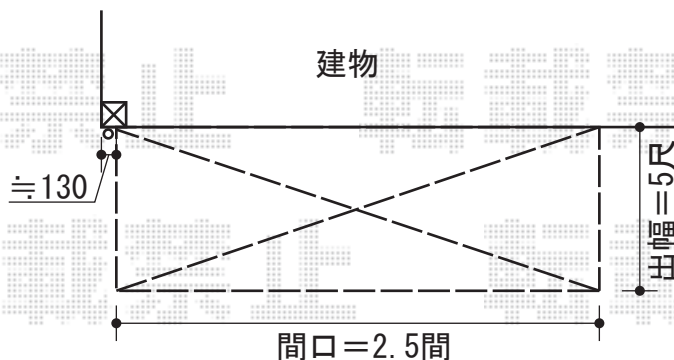

- カーポート -

TOEX キューブポートプラス
レギュラー 積雪~20cm対応
幅=2,557mm
奥行=5,006mm
色：シャイングレー
屋根材：ポリカーボネート
(クリアブルー)
柱仕様：ロング柱仕様
(有効高 約2,509mm)

- バルコニー屋根 -

トステム ライザーテラスII R型
屋根タイプ 単体 積雪~20cm対応
間口=関東間2.0間
(柱芯々3,440mm 屋根幅3,660mm)
出幅=3尺 (885mm)
色：シャイングレー
屋根材：ポリカーボネート
(ブルースモーク)
柱仕様：柱奥行移動タイプ
施工方法：下止め

- テラス屋根 -

トステム ライザーテラスII R型
テラスタイプ 単体 積雪~20cm対応
間口=関東間2.5間通し
(柱芯々4,350mm 屋根幅4,570mm)
出幅=5尺 (1,485mm)
色：シャイングレー
屋根材：ポリカーボネート
(ブルースモーク)
柱仕様：柱位置固定タイプ
施工方法：上止め

現場状況や作図制限により概略図の内容と多少の違いが生じることがございます。
施工時は、現場優先とさせていただきますので、お立会い頂き、
最終のご指示のほど、何卒、宜しくお願い致します。
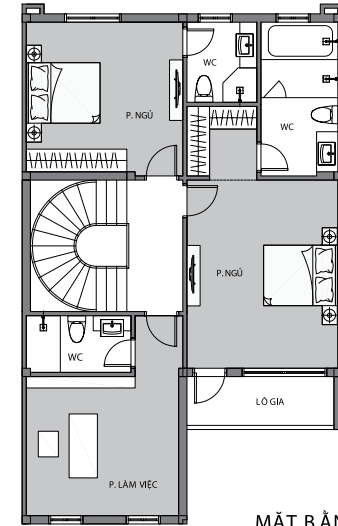

tinh hoa đất  
tinh anh người

MẶT BẰNG NHÀ LIỀN KỀ MẪU 3

  
VINHOMES  
HÀ TĨNH

MẶT CẮT DỌC

MẶT BẰNG TẦNG TUM

MẶT BẰNG TẦNG 3

MẶT BẰNG TẦNG 1

MẶT BẰNG TẦNG 2

LK-M3

### MẶT BẰNG NHÀ LIỀN KỀ MẪU 3

Diện tích đất	152,5 - 169,5m <sup>2</sup>
Diện tích xây dựng tầng 1	104,7m <sup>2</sup>
Diện tích xây dựng tầng 2	110,5m <sup>2</sup>
Diện tích xây dựng tầng 3	104,3m <sup>2</sup>
Diện tích xây dựng tầng 4	108,4m <sup>2</sup>

**Tổng diện tích xây dựng 427,9m<sup>2</sup>**
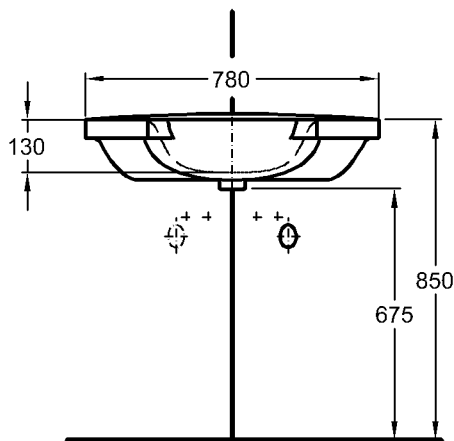

Kombinierbarkeit: mit **Halbsäule**,
 Modell-Nr. 290530, der Bad-
 Serie Renova Nr.1.

Modell: **Renova Nr. 1 Halbsäule**
 Modell-Nr.: 290530
 Maße: 235 x 250 mm
 Material: Keravit (Sanitärporzellan)
 Gewicht: 5,2 kg

Modell: **Eckwaschtisch**
 CE, EN 32, 14688
 mit keramischem Überlauf

Modell-Nr.: 224655

Maße: 780 x 550 mm

Schenkellänge: 550 mm

Material: Keravit (Sanitärporzellan)

Gewicht: 18,0 kg

Befestigung: Stockschrauben M10 x 120

Kombinierbarkeit: mit **Eckwaschtisch-Unterschrank**,
 Modell-Nr. 881055, 881056,
 881057, der Bad-Serie Renova
 Nr.1 Comprimo.

Bad-Serie

Renova Nr.1 Comprimo

Modell: **Waschtisch mit Ablagefläche links**
 CE, EN 32, 14688
 mit Hahnloch, mit Überlauf,
 Modell-Nr.: 122070
 Maße: 700 x 400 mm
 Material: Keralith (Feinfeuerton)
 Gewicht: 16,0 kg
 Befestigung: Stockschrauben M10 x 120
 müssen mind. 65 mm aus fertig
 gefliester Wand hervorra-
 gen
 Kombinierbarkeit: mit **Waschtischunter-
 schrank**, Modell-Nr. 881070,
 881071, 881072, der Bad-
 Serie Renova Nr.1 Comprimo.

Maße:

500 x 275 x 705 mm

Schenkellänge:

370 mm

Gewicht:

21,0 kg

* Spiegelbefestigungshöhe und abhängige Höhenmaße können angepasst werden!

Bad-Serie
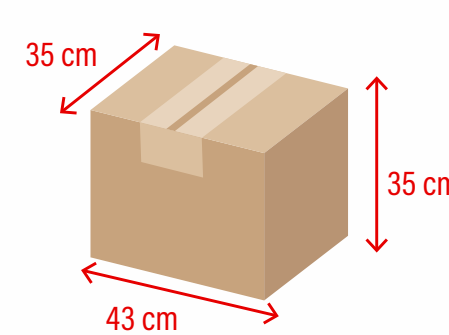

COPO FOTO!

COM Tampa 540 ml

450 ml

540 ml

Material: **Poliestireno 100% cristal**
Embalagem: **36 unid./caixa (450ml)**
50 unid./caixa (540ml)
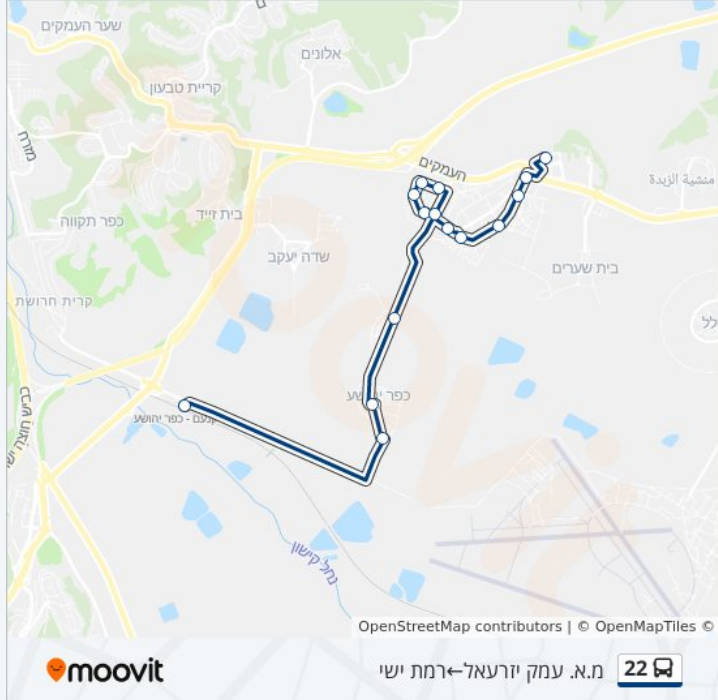

לקו 22 מ.א. עמק יזרעאל—רמת ישי יש מסלול אחד. שעות הפעילות בימי חול הן:
 (1) מ.א. עמק יזרעאל—רמת ישי: 08:45 - 20:45
 אפליקציית Moovit עוזרת למצוא את התחנה הקרובה ביותר של קו 22 וכדי לדעת מתי יגיע קו 22

לוחות זמנים של קו 22

לוח זמנים של קו מ.א. עמק יזרעאל—רמת ישי

20:45 - 08:45	ראשון
20:45 - 08:45	שני
20:45 - 08:45	שלישי
20:45 - 08:45	רביעי
20:45 - 08:45	חמישי
15:05 - 07:00	שישי
23:30 - 22:30	שבת

מידע על קו 22

כיוון: מ.א. עמק יזרעאל—רמת ישי
 תחנות: 15
 משך הנסיעה: 17 דק'
 התחנות שבהן עובר הקו:

כיוון: מ.א. עמק יזרעאל—רמת ישי

15 תחנות

[צפייה בלוחות הזמנים של הקו](#)

- ת. רכבת כפר יהושע/איסוף
- כפר יהושע
- בית ספר יסודי
- שכונת התישבות בנים
- השיקמה/סמטת האלה
- מעלה הרדוף/היקינטון
- מרכז מסחרי/מעלה שיקמה
- מעלה שקמה/סמטת דבורנית
- מעלה שיקמה/היקינטון
- מעלה השקמה/סמטת הפרדס
- האלון/סמטת ההדר
- אלון/השקד
- האלון/האתרוג
- האלון/הארז
- אזור תעשייה רמת ישי
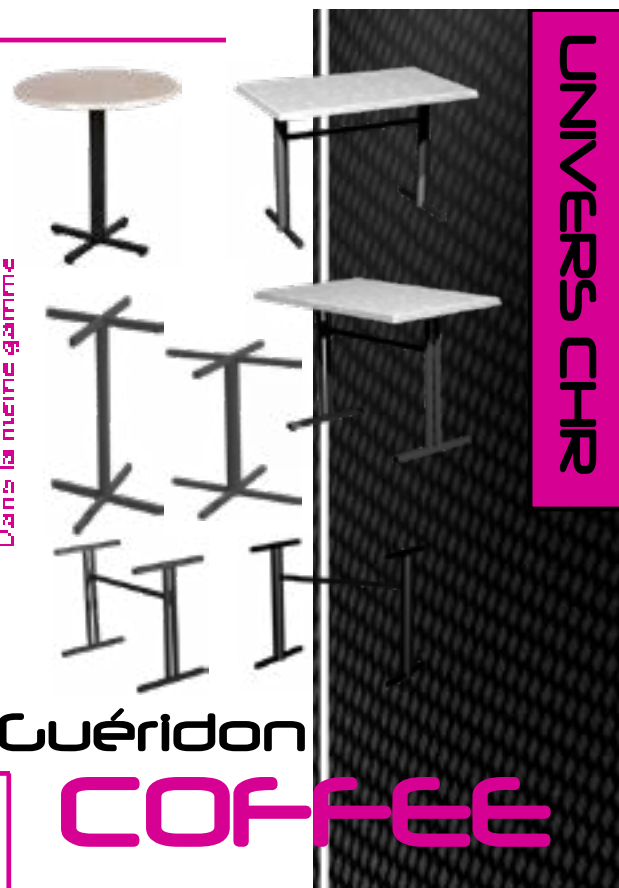

Guéridon

Dans la même gamme

UNIVERS CHR

Guéridon
COFFEE

- **Piètement central à 4 branches** en tube acier 30x30 et colonne en tube Ø70x2. Revêtement poudre thermodurcissable à base d'époxy et de polyester. Pieds munis de 4 vérins de réglage
- **Plateaux au choix :** Différentes dimensions sont disponibles : Ø70, Ø80, 70x70 ou 80x80

Plateau en bois aggloméré stratifié moulé inaltérable monté avec plaquettes de fixation. Épaisseur 19 mm au centre et 35 mm sur le bord. Plateau pouvant s'utiliser en extérieur.

Plateau stratifié chant ABS assorti. ép. 25 mm. Plateau à usage intérieur uniquement.

Dans la même gamme :
Table COFFEE, Mange debout COFFEE, piétements COFFEE seuls : central, monobloc ou démontable dans différentes dimensions.

Recyclable

- 1 22 coloris d'époxy au choix
- 2 17 teintes stratifié au choix
41 décors stratifié moulé

····················

[Exercise aim] Reply with an exact copy of the lines running from the one containing "- 2 17 teintes stratifié au choix" through the end of the entries above, both ends included.

[Result of the task]
- 2 17 teintes stratifié au choix
41 décors stratifié moulé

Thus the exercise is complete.